Atwood S, Schachner Adena, Mehr Samuel A
Department of Psychology, Princeton University, Princeton, NJ 08540 USA.
Department of Psychology, University of California San Diego, La Jolla, CA 92093-0109 USA.
Open Mind (Camb). 2022 Dec 16;6:280-290. doi: 10.1162/opmi_a_00067. eCollection 2022.
Many studies argue that synchronized movement increases prosocial attitudes and behavior. We reviewed meta-analytic evidence that reported effects of synchrony may be driven by experimenter expectancy, leading to experimenter bias; and participant expectancy, otherwise known as placebo effects.
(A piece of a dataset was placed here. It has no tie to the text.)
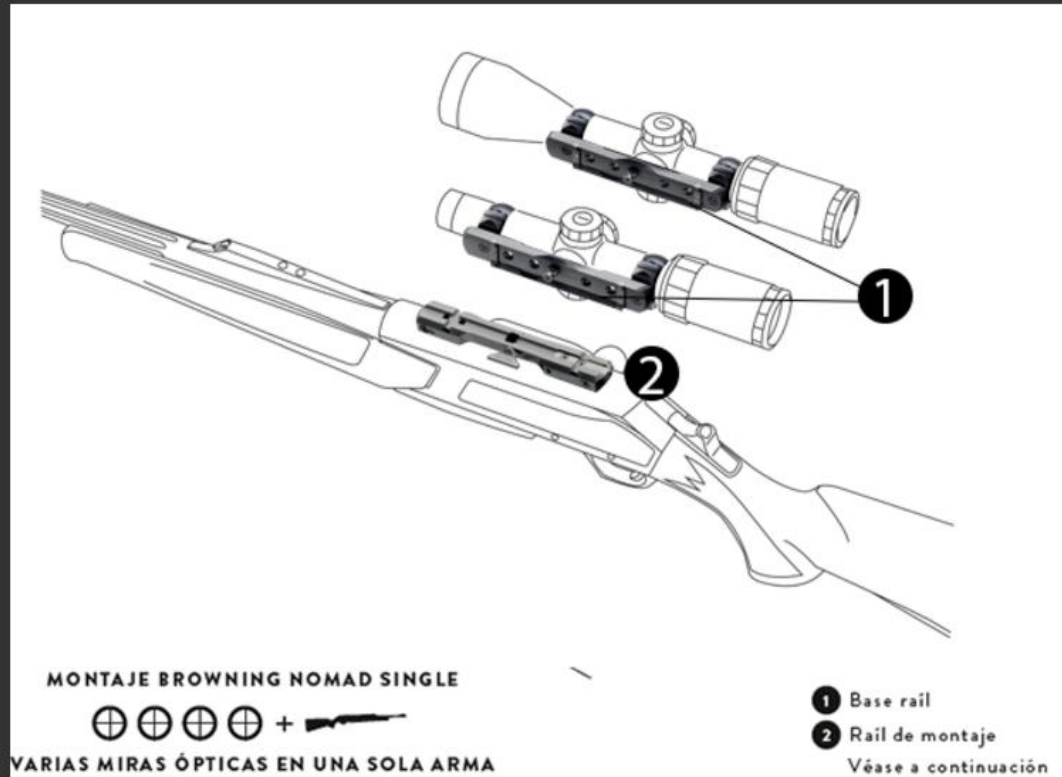

NUEVO MONTAJES NOMAD

RAÍL DE BASE BROWNING NOMAD SINGLE

SU ARMA PASA A SER POLIVALENTE (BATIDA/ACECHO) EN 5 SEGUNDOS

Rápido. Con **Browning Nomad Single**, su arma Browning se transforma y puede acoger todas las miras ópticas que usted decida instalar. En un abrir y cerrar de ojos, usted desmonta y monta los visores o puntos rojos, sin esfuerzo y sin riesgo de pérdida de alineación.

We found that a majority of published studies do not adequately control for experimenter bias and that multiple independent replication attempts with added controls have failed to find the original effects. In a preregistered experiment, we measured participant expectancy directly, asking whether participants have expectations about synchrony and prosociality that match the findings in published literature. Expectations about the effects of synchrony on prosocial attitudes directly mirrored previous experimental findings (including both positive and null effects)-despite the participants not actually engaging in synchrony. On the basis of this evidence, we propose an alternative account of the reported bottom-up effects of synchrony on prosociality: the effects of synchrony on prosociality may be explicable as the result of top-down expectations invoked by placebo and experimenter effects.
许多研究认为,同步运动会增强亲社会态度和行为。我们回顾了元分析证据,即报告的同步效应可能是由实验者期望驱动的,从而导致实验者偏差;以及参与者期望,也就是所谓的安慰剂效应。我们发现,大多数已发表的研究没有充分控制实验者偏差,并且多次添加控制的独立重复尝试未能发现原始效应。在一项预先注册的实验中,我们直接测量了参与者的期望,询问参与者对同步性和亲社会性的期望是否与已发表文献中的发现相符。尽管参与者实际上并未参与同步,但他们对同步性对亲社会态度影响的期望直接反映了先前的实验结果(包括积极和无效效应)。基于这一证据,我们提出了一个关于所报告的同步性对亲社会性自下而上效应的替代解释:同步性对亲社会性的影响可能可以解释为安慰剂和实验者效应引发的自上而下期望的结果。